Какой стих против привидений читал Грилле, когда в сети попался череп? Ага, есть:
Прочь, водяной,
Сгинь под водой!
Кожа и кости,
Уйдите и...
Миккель никак не мог вспомнить конец.
Из-за тучи вышла луна и осветила сторожку Якобина за суковатым сиреневым кустом. В окнах темно, лодки на месте нет...
"Наверное, отправился рыбу бить острогой", - сказал себе Миккель. Деревянные подметки громко стучали по каменным ступенькам.
И вздумалось же пастору именно сегодня ржавчину счищать! Вот могила мельника Уттера...
"Раз и два... и раз, и... два... и раз, и..." Башмаки вдруг остановились.
Из-за угла конюшни появилась Белая Чайка. Но кто это стоит рядом с ней, черным силуэтом на фоне ночного неба?
- Уттер... Ой, спасите меня! - прошептал Миккель и обмер.
Но тут он вспомнил, что говорил Грилле про Уттера: мол, мельник был маленького роста и горбун. А этот длинный, как жердь. H вообще: разве привидения крадут настоящих живых лошадей?
Миккель проглотил жесткий ком и крикнул:
- Сгинь, нечистая сила, не то как дам!..
Он замахнулся псалтырем: призраки боятся священных книг, особенно с толстыми корками.
- Так дам, что череп лопнет!..
Миккель остановился, запыхавшись, возле лошади и растерянно посмотрел кругом. Ни души... Лунный луч осветил пену на лошадиных губах. Веревка была перерезана, на лбу под ремнем торчало большое красное перо.
- Что... что они сделали с тобой, Белая Чайка? - ужаснулся Миккель.
Он схватил перо, но оно точно приросло к ремню. Луна нырнула в тучу, стало темно, как в мешке.
Миккель прижался щекой к лошадиной морде, но Белая Чайка вздрогнула и отпрянула. Одним прыжком Миккель вскочил ей на спину:
- Ты знаешь дорогу. Скорее, скорее, Белая Чайка!
На старом мосту лошадь вдруг стала. Потный круп трепетал, словно она почуяла нечистую силу.
Впереди кто-то стоял, загородив дорогу. Миккель нащупал в кармане складной нож и крикнул как можно тверже:
- Эй, кто там, выходи!
Вспыхнула спичка, осветила окурок сигары, худое лицо под косматым чубом и мятую шляпу с четырьмя красными перьями.

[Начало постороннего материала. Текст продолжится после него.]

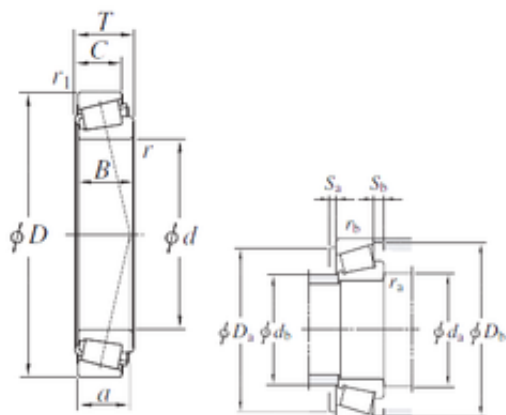

Jinan Kaiming Bearing Co., Ltd.

368,3 mm x 609,6 mm x 139,7 mm KOYO
EE321145/321240 tapered roller bearings

Bearing No. EE321145/321240

EE321145/321240 Bearing 2D drawings and 3D CAD models

Size	368.3x609.6x142.875 mm
Bore Diameter	368,3 mm
Outer Diameter	609,6 mm
Width	142,875 mm
d	368,3 mm
D	609,6 mm
T	142,875 mm
B	139,7 mm
C	111,125 mm
a	121,4 mm
r min.	7,9 mm
r1 min.	6,4 mm
da min.	392 mm
Da min	545 mm
Da max.	585 mm
db max.	427 mm
ra max.	7,9 mm
rb max.	6,4 mm
Db	570 mm
Weight	152 Kg
Basic dynamic load rating (C)	2510 kN
Basic static load rating (C0)	4530 kN
Calculation factor (e)	0,36
Calculation factor (Y0)	0,93

- Ты... ты кто? - неуверенно спросил Миккель.
- А тебе что? - ответил хриплый голос; ноздри Белой Чайки дрогнули. - Ты сам-то кто, козявка?
- Миккель Миккельсон.
- Лошадь твоя?
Миккель кивнул.
- У кого куплена?
- У Эббера, дубильщика. Отец купил мне ее, когда с моря вернулся. Я всегда белую лошадь хотел.
Чернявый что-то пробурчал. Рука, потянувшаяся было к уздечке, опустилась.
- Как лошаденку назвали?
- Бе...Белая Чайка. - Миккель почему-то заикался.
С реки донесся плеск весел, к пристани подходила лодка Якобина.
Чернявый усмехнулся:
- Посади лучше животину на цепь, не то найдется злодей - уведет.
Он выплюнул сигару - будто светлячок пролетел во мраке, - нырнул под перила и был таков.
Глава десятая
КЛАДБИЩЕНСКИЙ СТОРОЖ В КОСТЮМЕ АКРОБАТА
В эту же ночь, в половине первого, окружной ленсман подъехал верхом к домику церковного сторожа Якобина.
- Отворяй, не то взломаю дверь! - крикнул он.
Дверь заскрипела, и выглянула сонная физиономия Якобина. Худое тело бывшего акробата прикрывала длинная ночная рубаха. На голове у него был черный котелок.
Ленсман посмотрел на котелок, многозначительно ухмыльнулся и вытащил из кармана наручники:
- Скажешь, не слыхал о краже?
- Господи помилуй и спаси, какая еще кража? - прошептал Якобин и поспешно снял котелок.
- Рубины из шпаги Строльельма пропали, вот какая! Стекло в шкафу вынуто, восемь рубинов украдено.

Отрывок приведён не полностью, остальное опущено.